Section A: Basic Usage


1. Underlying data model of Reactome

The underlying data model is based on a RDF triple graph. This is fully documented on the Reactome site: Reactome Data Model. In brief, the principle type of entity in Reactome is the reaction and reactions have inputs and output entities. Reactions are also optionally controlled. Each biological entity such as proteins, small molecules, and reactions are given an ID. Entities also include 'Complexes' and 'Protein sets'. A complex is a set of molecular entities that have combined together. A protein set is when a set of proteins can perform the same biological function. Both complexes and protein sets can also themselves be composed of complexes and protein sets. We can query this data directly with the rdf/3 predicate. To see how this is done click the blue play triangle in the cell below. You can then find further solutions, with 'next'.

:-use_module(library(pengines)). reactome_server('https://apps.nms.kcl.ac.uk/reactome-pengine'). rdf(X,Y,Z):- reactome_server(S), pengine_rpc(S,rdf(X,Y,Z),[]).
rdf(X,Y,Z).

The semantic web library of prolog has other access predicates to query this data, for example rdf_has/3. For more details see the documentation here.
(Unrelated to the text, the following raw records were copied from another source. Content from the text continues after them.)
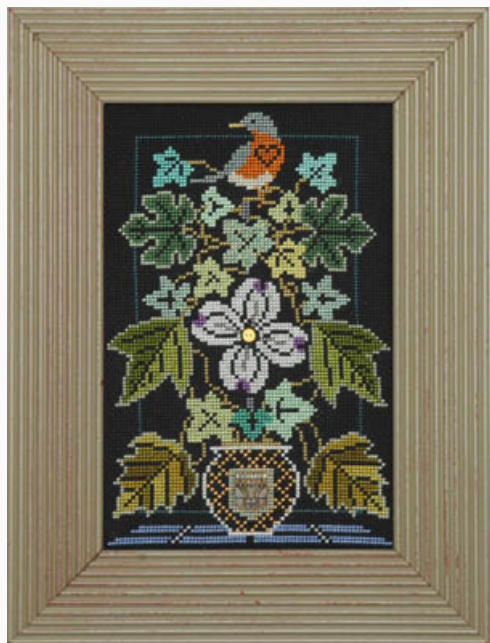

da: Tellin Emblem

Modello: SCHHOF17-1465

Leaves Of Love - Clematis

Punti: 116h x 76w

Prezzo: € 19.96 (incl. IVA)

Schemi Punto Croce

Leaves Of Love - Dogwood

da: Tellin Emblem

Modello: SCHHOF17-1466

Leaves Of Love - Dogwood

Punti: 116w x 76w

Prezzo: € 19.96 (incl. IVA)

Schemi Punto Croce

Birdie And Glories - Grosbeak

da: Tellin Emblem

Modello: SCHHOF17-1468
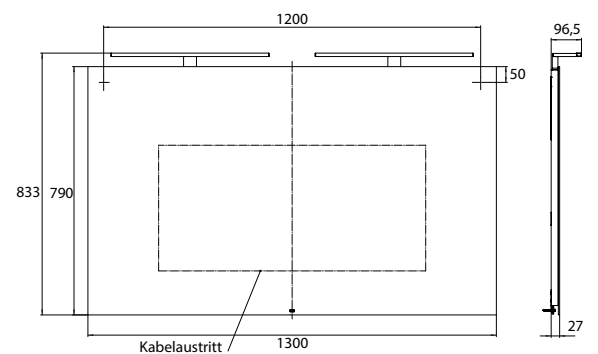

emco spiegel Mee

emco Miroir Lumineux Mee

PG

Mee spiegel, 1000 x 790 mm
LED verlichting (ca. 4.000 K),
aan/uit sensor, IP 44
Miroir lumineux - à éclairage LED mee,
1000 x 790 mm
env. 4.000 K, avec interrupteur à capteur
(marche/arrêt), IP 44

spiegel 4496 000 04 566,40 € 2
miroir

Mee spiegel, 1200 x 790 mm
LED verlichting (ca. 4.000 K),
aan/uit sensor, IP 44
Miroir lumineux - à éclairage LED mee,
1200 x 790 mm
env. 4.000 K, avec interrupteur à capteur
(marche/arrêt), IP 44

spiegel 4496 000 05 656,40 € 2
miroir

Mee spiegel, 1300 x 790 mm
LED verlichting (ca. 4.000 K),
aan/uit sensor, IP 44
Miroir lumineux - à éclairage LED mee,
1300 x 790 mm
env. 4.000 K, avec interrupteur à capteur
(marche/arrêt), IP 44

spiegel 4496 000 06 727,20 € 2
miroir
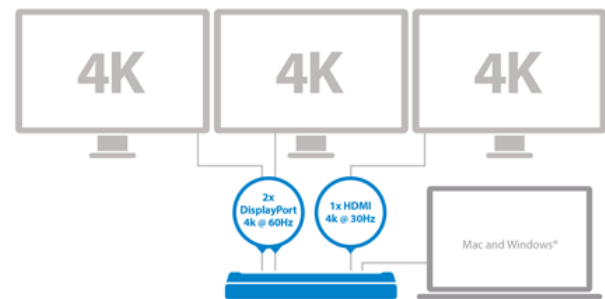

Produttività superiore

La Docking Station per Portatili USB-C 4K per Mac o Windows consente di creare una workstation Ultra HD con tre monitor. È possibile collegare:

- 2 monitor DisplayPort (DisplayLink) 4K con risoluzione 4096 x 2160/3840 x 2160 a 60 Hz e
- 1 monitor HDMI (DisplayPort Alternate Mode) 4K con risoluzione 4096 x 2160 a 24 Hz/3840 x 2160 a 30 Hz

Per le applicazioni ad alta risoluzione, la docking station universale per laptop consente di collegare anche un display 5K (con risoluzione 5120 x 2880) a 60 Hz, connettendo le due porte DisplayPort a un singolo display 5K.

Connessioni potenti

Questa docking station per tre monitor consente di collegare le periferiche preferite in modo da trasformare il computer laptop in una workstation di grandi dimensioni. Con cinque porte USB 3.0 (1 USB Type-C e 4 USB Type-A, tra cui 1 porta per la ricarica rapida), una porta Gigabit Ethernet, jack per cuffie e porte separate da 3,5 mm per microfono e audio, sono disponibili tutte le connessioni necessarie per massimizzare le prestazioni.

Features

- Docking station per computer laptop Mac o Windows dotati di tecnologia USB-C con tre monitor 4K: 2 DisplayPort (DisplayLink) e 1 HDMI (DisplayPort Alternate Mode)
- Consente il collegamento dei dispositivi USB tramite 5 porte USB 3.0, di cui 1 USB-C e 4 USB-A (incl. 1 per la ricarica veloce)
- Alimentazione e ricarica del computer laptop con tecnologia Power Delivery 2.0 (fino a 60 W)
- Consente di aggiungere una connessione di rete cablata grazie alla porta Gigabit Ethernet RJ45
- Può essere collegata alla porta USB-A del computer laptop mediante un cavo da USB-C a USB-A, venduto separatamente. In tal caso sono supportati solo due display e la tecnologia Power Delivery non è disponibile tramite USB-A,
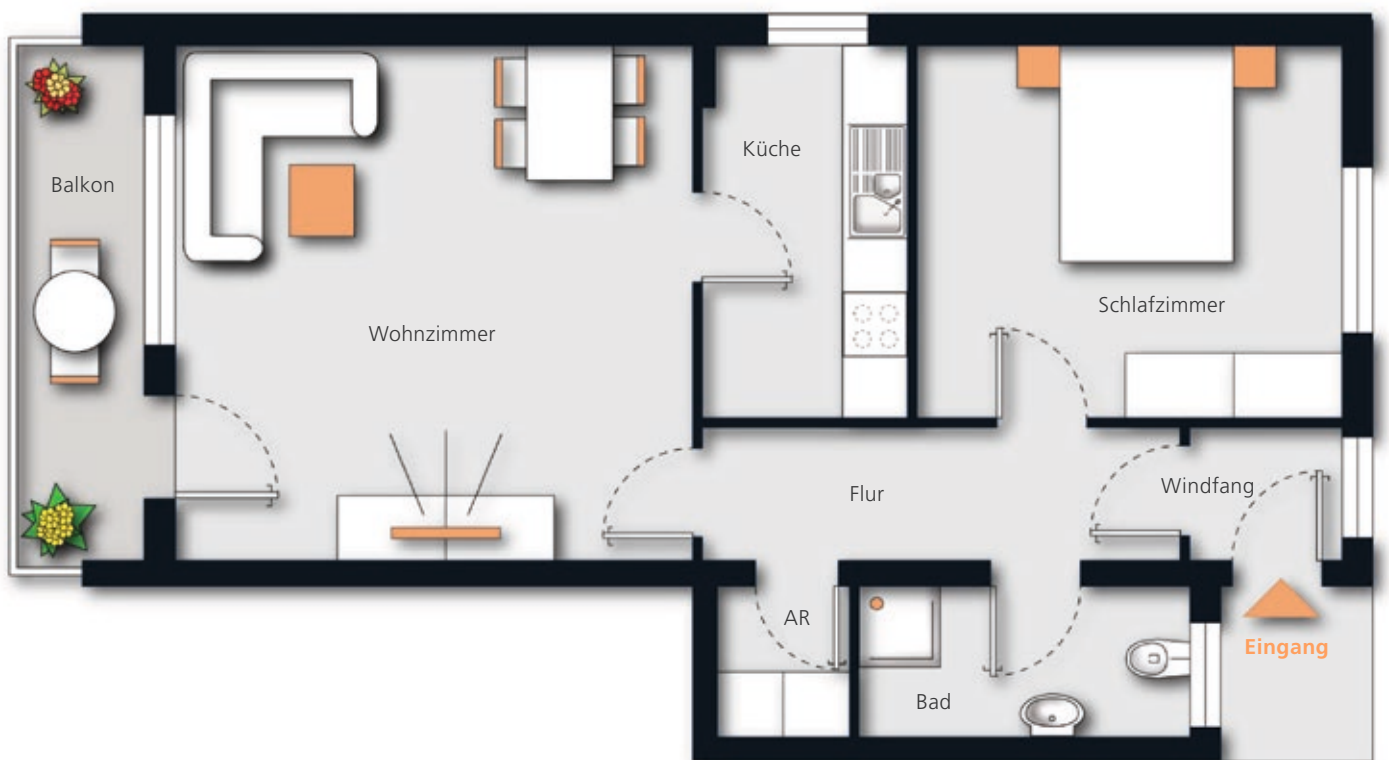

Erdgeschoss

# Wohnung 01

## Wohnflächen

Wohnzimmer	25,00 qm
Schlafzimmer	14,97 qm
Küche	7,22 qm
Bad	4,80 qm
Flur	5,75 qm
AR	1,89 qm
Windfang	1,80 qm
Balkon (1/2)	3,00 qm

**Gesamt 64,43 qm**

Stockwerke

Lage Wohnung

Erdgeschoss
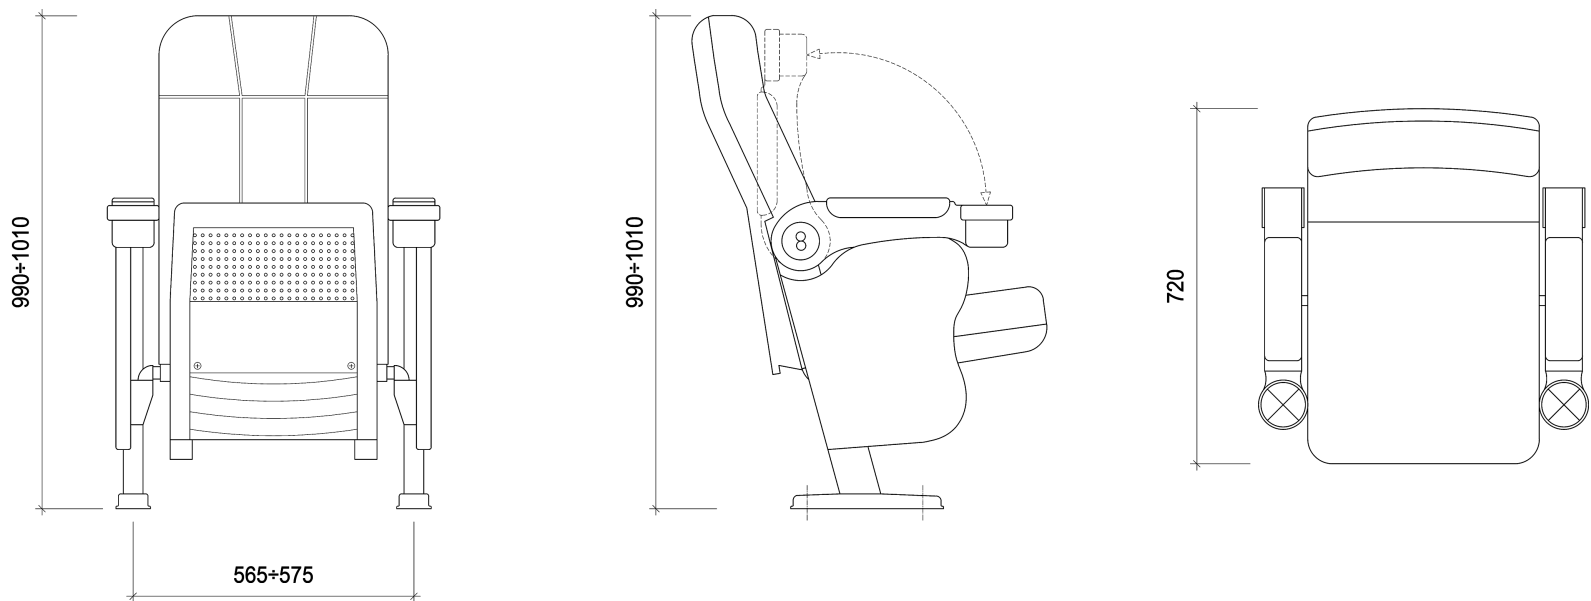

TỔNG QUAN SẢN PHẨM:

Được thiết kế tương tự như nhiều mẫu Ghế rạp phim mà EVO Seating sản xuất và phân phối, EVO5604T tạo điểm nhấn khác biệt từ miếng vải da màu đen đính giữa lưng ghế. Phần lưng ghế cao vách ốp nhựa PP, cốt gỗ dán được bọc bằng xốp đúc lạnh phủ nỉ dày dặn. Khung ghế được cấu tạo bởi thép phun sơn tĩnh điện chống han rỉ. Ốp đệm ngồi bằng nhựa, phủ mút đúc bọc nỉ dày dặn. Tay ghế có tích hợp khay đặt cốc tiện lợi. Đây chắc chắn sẽ là một sản phẩm đem lại nhiều trải nghiệm thú vị đem lại những phút giây thư giãn cho người dùng.

KÍCH THƯỚC:

Rộng	Sâu	Cao
675 mm	720 mm	1000 mm

PHỤ KIỆN ĐI KÈM:

	Có	Không
Giá để đồ		✓
Khay đặt cốc	✓	
Chân di động		✓

THÔNG SỐ KỸ THUẬT:

DIMENSION	W	D	H
	675 mm	720 mm	1000 mm

MÔ TẢ:

- Tựa lưng: Vách nhựa PP cao cấp, cốt gỗ dán, bọc mút đúc lạnh phủ vải nỉ dày dặn, chính giữa phía trên lưng ghế là miếng vải da tăng sự đàn hồi, lưng ghế thiết kế cao tạo cảm giác riêng tư an toàn cho người ngồi.
- Ghế ngồi: Vách nhựa PP cao cấp được khoét lỗ khí giúp hạn chế tiếng ồn, làm bởi mút đúc bọc nỉ, có cơ chế trả lại trạng thái khi không sử dụng.
- Khay đặt cốc: Bằng nhựa PP cao cấp. phần khuỷu tay bọc nỉ, Khay đặt cốc tiện lợi có thể nâng hạ theo nhu cầu sử dụng.
- Chân ghế: Khung thép sơn tĩnh điện màu đen, Chân ghế chữ T ngược bắt vít bám sàn.
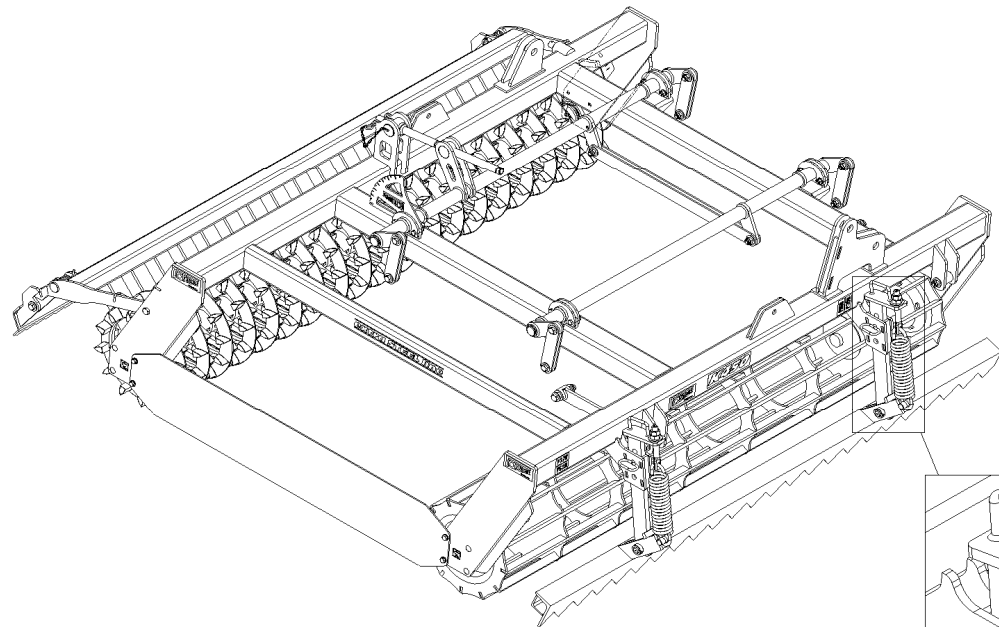

3003393

Poz	Číslo součásti	Ks
14	3000348	2
15	3000681	1
19	m02597	2
21	4003401	2
22	4000189	2
24	4000188	2
25	4000183	2
26	4004385	4
27	4005373	1
37	m10454	2
39	m07048	5
52	m01307	2
62	m01225	2
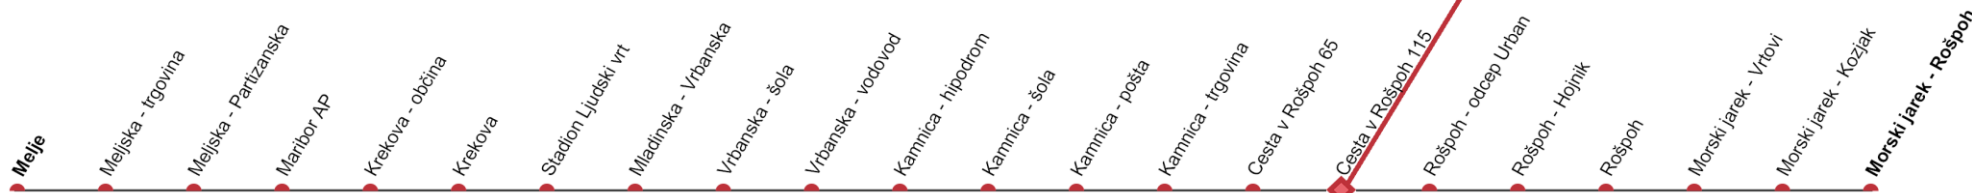

Cesta v Rošpoh 115

Linija 7

SMER VOŽNJE →

Velja od 02. 09. 2024

V SMERI		04	05	06	07	08	09	10	11	12	13	14	15	16	17	18	19	20	21	22	23
DELAVNIK	Kamnica - pošta																				
	Rošpoh		03 35	01 26 57	21 52	17	17		17	16 47	22	21 47	22 47	27	26		26	25		25	
	Morski jarek - Rošpoh			26	21					16		21			26		26				
V SMERI		04	05	06	07	08	09	10	11	12	13	14	15	16	17	18	19	20	21	22	23
SOBOTA	Kamnica - pošta																				
	Rošpoh		16	26			26		26		25	26		26		26		26		26	
	Morski jarek - Rošpoh						26					26									
V SMERI		04	05	06	07	08	09	10	11	12	13	14	15	16	17	18	19	20	21	22	23
NEDELJA	Kamnica - pošta																				
	Rošpoh			26			26		26		25	26		26		26		36		26	
	Morski jarek - Rošpoh						26					26									

Predvideni časi odhodov so informativnega značaja. / All times are approximate.
Vozila prilagojena potrebam gibalno oviranih oseb. / Adapting vehicles for people with disabilities.
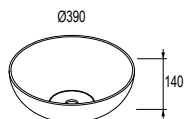

Vasque Altiro Porcelaine blanche mat	
cod.	€
24555	205
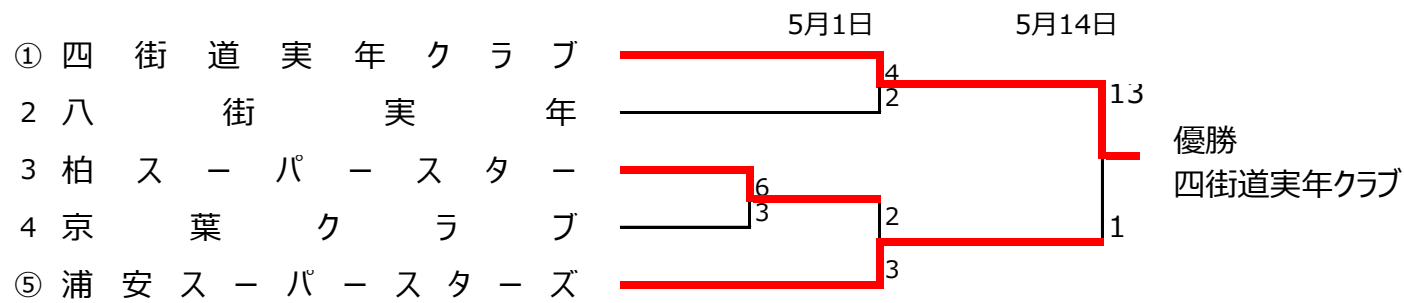

組合せ I

第31回 全日本壮年ソフトボール大会千葉県予選会 (使用球：ナガセ)

期日 平成28年4月23日(土)～24日(日) 第1試合：9:00～
 会場 A：千葉県SCソフトボール場 第2試合：11:00～
 B：千葉県SC軟式野球場 第3試合：13:00～
 C：市川市原木公園球場

第25回 全日本実年ソフトボール大会千葉県予選会 (使用球：ナガセ)

期日 平成28年5月1日(日) 第1試合：9:00～
 会場 A：千葉県SCソフトボール場 第2試合：11:00～
 E：清和大学ソフトボール場 第3試合：13:00～
 第4試合：15:00～
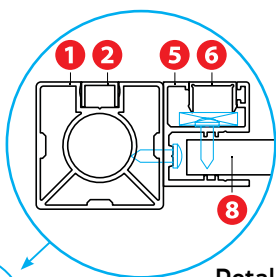

EKO DVORIŠNE ALUMINIJUMSKE OGRADE

Prikazane cene su izražene u evrima sa uračunatim PDV-om od 20%

Jednokanalni stub 40×40 mm - 6 m Antracit RAL 7016 PR-8337-AT 72.00€	Pokrivni profil jednokanalnog stuba 40×40 mm - 6 m Antracit RAL 7016 PR-5683-AT 6.00€	Podna rozetna za jednokanalni stub 40×40 mm Antracit RAL 7016 KTA 4107 1.80€	Poklopac za jednikanalni stub 40×40 mm Antracit RAL 7016 KTA 4600 1.91€	Poklopac za jednikanalni stub 40×40 mm Antracit RAL 7016 AK-5134-AT 3.40€
				Čelični anker 20 cm NT 4029 2.41€
Nosač lamele 27×33 mm - 6 m Antracit RAL 7016 PR-7589-AT 32.00€	Bočni poklopac za nosač lamele - 6 m Antracit RAL 7016 PR-7588-AT 7.70€	Poklopac nosača lamele Antracit RAL 7016 AK-5144-AT 3.00€	Lamela 11×50 mm - 6 m Antracit RAL 7016 AL97208AT 28.00€	Čelični anker 33 cm NT 4029-A 3.80€
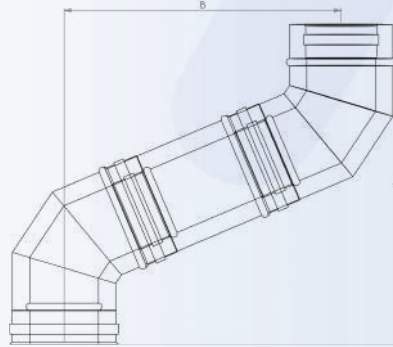

ΓΩΝΙΑ 67° ΜΕ ΚΟΜΜΑΤΙ 0.25m

Ø (mm)	A (mm)	B (mm)
Ø80-130	475,7	405,5
Ø100-150	494,1	417,7
Ø130-180	521,7	436,0
Ø150-200	540,2	448,2
Ø180-230	567,8	466,5
Ø200-250	586,2	478,6
Ø250-300	632,2	509,1
Ø300-350	678,2	539,6

artkamin
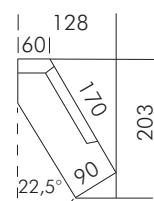

**84**  
Element  
Abschl.-hocker links  
125x90x79

**85**  
Element  
Abschl.-hocker rechts  
125x90x79

**98**  
Ecksofa 2-sitzig schräg  
mit Abschl.-hocker links  
203x128x79

**99**  
Ecksofa 2-sitzig schräg  
mit Abschl.-hocker rechts  
203x128x79
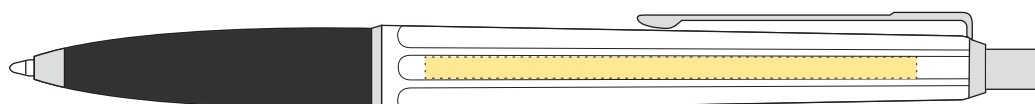

EPOCA GRIP

Kulspetspenna | *Ballpoint pen*

Tampotryck/Padprinting

Hätta / Upper part

- Tryckyta - *Imprintarea*: 50 mm x 5 mm
- Tryckfärger - *Imprintcolours*: 4 pms-colours

STANDARD

Certifierad
SVENSKT ARKIV

2. Our Reactome Pengine data model

In addition to the direct method of querying the RDF file using the Prolog semantic web library, a number of higher level predicates built on top of this library are also provided. Often these higher level predicates give a more intuitive and compact view of the data. The full documentation for the API is here.

Our model states that reactions are nodes on a graph. There are edges between these nodes in two cases:

  1. When an output of a reaction is an input to another reaction. This edge type we name 'precedes'.
  2. An output of a reaction r1 is a control of another reaction r2. This results in a number of different edge types depending on how the output of r1 controls r2. The types are:
    • ACTIVATION
    • ACTIVATION-ALLOSTERIC
    • INHIBITION
    • INHIBITION-ALLOSTERIC
    • INHIBITION-COMPETITIVE
    • INHIBITION-NONCOMPETITIVE
We can view this graph for an individual pathway using ridPathway_links/2 shown below. We can use this predicate in all directions, i.e 1) enumerate pathways and link pairs (neither argument is instantiated), 2) find the links for a particular pathway (pathway argument is instantiated), 3) see which pathway has a set of links (links argument is instantiated), or 4) check whether a given pathway has a given set of links (both arguments are instantiated). Most predicates in the API are capable of multi-directional queries. Details are given in the Reactome Pengine API documentation.

ridPathway_links(P,Ls):- reactome_server(S), pengine_rpc(S,ridPathway_links(P,Ls)).

Generate pathways and a list of links in the pathway using:

ridPathway_links(P,L).

Generate pathways that have an activation link where the activating entity is 'Complex452' using:

ridPathway_links(P,_Ls), member(ridReaction_ridLink_type_ridReaction(R1, 'Complex452', 'ACTIVATION', R2),_Ls).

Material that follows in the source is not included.